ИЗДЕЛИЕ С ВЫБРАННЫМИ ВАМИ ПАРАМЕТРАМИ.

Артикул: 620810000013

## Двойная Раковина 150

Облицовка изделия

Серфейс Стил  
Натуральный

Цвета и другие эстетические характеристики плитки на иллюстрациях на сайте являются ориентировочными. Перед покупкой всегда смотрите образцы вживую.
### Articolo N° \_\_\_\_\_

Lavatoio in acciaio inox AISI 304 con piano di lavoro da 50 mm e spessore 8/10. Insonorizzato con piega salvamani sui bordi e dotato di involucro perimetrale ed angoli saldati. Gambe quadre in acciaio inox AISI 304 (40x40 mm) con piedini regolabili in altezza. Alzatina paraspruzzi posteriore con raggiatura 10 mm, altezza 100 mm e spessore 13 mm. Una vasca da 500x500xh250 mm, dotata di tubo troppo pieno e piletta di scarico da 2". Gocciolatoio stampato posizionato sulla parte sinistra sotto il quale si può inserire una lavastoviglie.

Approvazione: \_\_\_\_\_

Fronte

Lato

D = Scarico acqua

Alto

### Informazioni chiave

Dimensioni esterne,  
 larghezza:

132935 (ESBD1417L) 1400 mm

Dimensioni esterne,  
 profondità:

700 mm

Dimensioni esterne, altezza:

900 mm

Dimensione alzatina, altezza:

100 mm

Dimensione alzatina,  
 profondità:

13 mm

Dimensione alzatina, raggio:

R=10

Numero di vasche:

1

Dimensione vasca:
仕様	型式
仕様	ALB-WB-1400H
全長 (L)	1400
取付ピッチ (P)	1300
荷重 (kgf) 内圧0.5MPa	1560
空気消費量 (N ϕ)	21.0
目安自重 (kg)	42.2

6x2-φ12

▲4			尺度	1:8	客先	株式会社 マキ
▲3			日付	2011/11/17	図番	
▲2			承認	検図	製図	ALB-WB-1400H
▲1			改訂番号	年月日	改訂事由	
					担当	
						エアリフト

* * *

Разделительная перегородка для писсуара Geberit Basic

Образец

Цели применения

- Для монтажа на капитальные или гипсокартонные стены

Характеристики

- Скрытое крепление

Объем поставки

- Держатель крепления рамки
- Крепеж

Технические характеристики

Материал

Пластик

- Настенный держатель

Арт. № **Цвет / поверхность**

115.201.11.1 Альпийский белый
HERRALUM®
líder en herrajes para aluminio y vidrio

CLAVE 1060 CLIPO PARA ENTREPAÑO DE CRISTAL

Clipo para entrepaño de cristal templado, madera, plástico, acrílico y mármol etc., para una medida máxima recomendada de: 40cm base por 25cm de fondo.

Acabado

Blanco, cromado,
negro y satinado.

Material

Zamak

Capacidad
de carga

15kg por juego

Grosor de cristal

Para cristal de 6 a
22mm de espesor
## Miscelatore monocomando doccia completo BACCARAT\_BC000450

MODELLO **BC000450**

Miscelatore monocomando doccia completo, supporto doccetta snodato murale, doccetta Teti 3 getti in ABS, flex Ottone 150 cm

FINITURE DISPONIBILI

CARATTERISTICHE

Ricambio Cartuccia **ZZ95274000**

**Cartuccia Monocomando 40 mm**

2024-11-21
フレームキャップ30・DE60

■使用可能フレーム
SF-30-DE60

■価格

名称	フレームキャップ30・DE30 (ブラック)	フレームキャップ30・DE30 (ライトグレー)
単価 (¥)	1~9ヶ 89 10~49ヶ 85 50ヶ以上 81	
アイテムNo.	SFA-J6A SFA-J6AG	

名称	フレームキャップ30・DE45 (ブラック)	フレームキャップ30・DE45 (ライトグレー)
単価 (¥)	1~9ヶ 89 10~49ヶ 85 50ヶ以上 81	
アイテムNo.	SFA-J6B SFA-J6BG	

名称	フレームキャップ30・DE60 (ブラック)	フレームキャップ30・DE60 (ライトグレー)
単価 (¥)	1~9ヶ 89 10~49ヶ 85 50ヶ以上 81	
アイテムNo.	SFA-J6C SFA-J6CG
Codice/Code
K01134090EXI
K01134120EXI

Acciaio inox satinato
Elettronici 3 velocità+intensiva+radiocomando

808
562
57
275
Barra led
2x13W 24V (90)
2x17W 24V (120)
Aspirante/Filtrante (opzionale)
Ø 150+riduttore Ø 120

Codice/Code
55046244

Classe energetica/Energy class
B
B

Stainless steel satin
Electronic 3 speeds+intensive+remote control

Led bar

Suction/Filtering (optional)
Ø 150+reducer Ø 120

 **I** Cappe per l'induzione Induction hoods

Task description ->
Begin with the line that has "ИЗДЕЛИЕ С ВЫБРАННЫМИ ВАМИ ПАРАМЕТРАМИ." in the listing above and end after the line that has "Натуральный"; output those lines exactly.

Solution to the problem ->
ИЗДЕЛИЕ С ВЫБРАННЫМИ ВАМИ ПАРАМЕТРАМИ.

Артикул: 620810000013

## Двойная Раковина 150

Облицовка изделия

Серфейс Стил  
Натуральный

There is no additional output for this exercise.